▶ [Directions]: This exercise calls for a copy of every line in the listing below that carries the word "ПАЛЕТА".

▶ [Data for processing]:

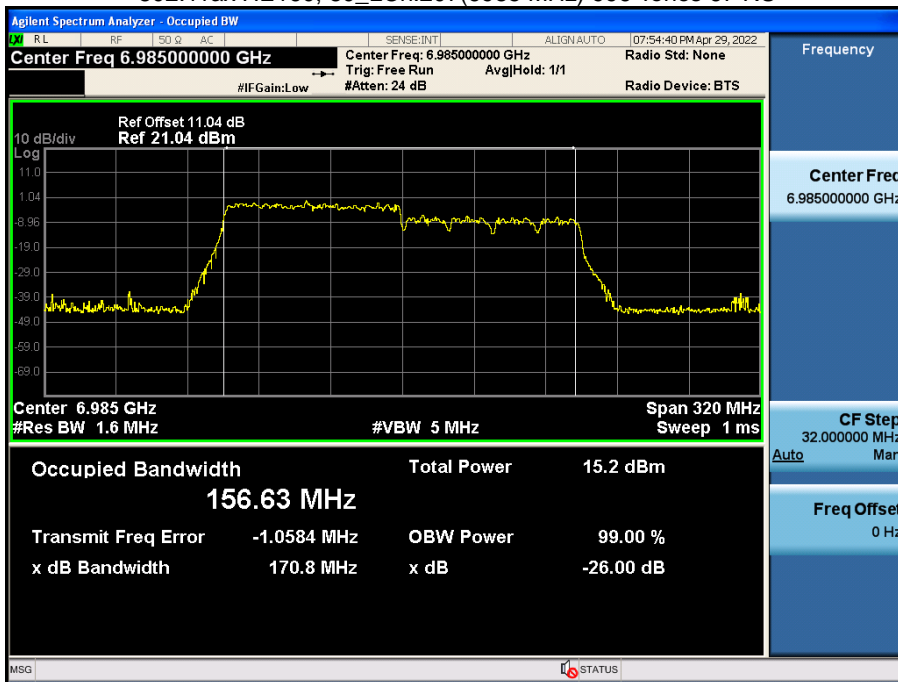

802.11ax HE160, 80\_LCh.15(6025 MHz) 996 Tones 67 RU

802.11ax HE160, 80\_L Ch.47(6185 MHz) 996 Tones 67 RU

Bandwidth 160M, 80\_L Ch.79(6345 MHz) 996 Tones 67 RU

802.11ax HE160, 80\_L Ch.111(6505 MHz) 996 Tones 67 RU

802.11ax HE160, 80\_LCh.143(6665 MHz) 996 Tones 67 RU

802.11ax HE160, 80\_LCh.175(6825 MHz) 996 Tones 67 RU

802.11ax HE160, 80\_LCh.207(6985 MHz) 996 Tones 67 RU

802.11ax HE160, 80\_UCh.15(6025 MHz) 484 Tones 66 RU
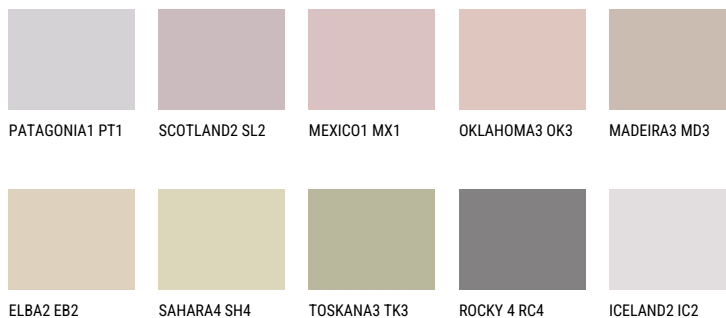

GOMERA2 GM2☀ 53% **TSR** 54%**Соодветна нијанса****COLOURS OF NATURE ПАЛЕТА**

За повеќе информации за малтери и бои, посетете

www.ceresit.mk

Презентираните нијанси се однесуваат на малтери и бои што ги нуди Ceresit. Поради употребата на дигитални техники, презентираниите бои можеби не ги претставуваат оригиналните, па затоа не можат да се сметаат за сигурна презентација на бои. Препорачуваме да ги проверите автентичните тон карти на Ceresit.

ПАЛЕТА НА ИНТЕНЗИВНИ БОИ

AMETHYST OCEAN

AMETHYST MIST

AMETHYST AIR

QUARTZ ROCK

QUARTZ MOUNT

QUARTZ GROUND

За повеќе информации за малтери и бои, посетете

▶ [Answer section]:
GOMERA2 GM2☀ 53% **TSR** 54%**Соодветна нијанса****COLOURS OF NATURE ПАЛЕТА**
ПАЛЕТА НА ИНТЕНЗИВНИ БОИ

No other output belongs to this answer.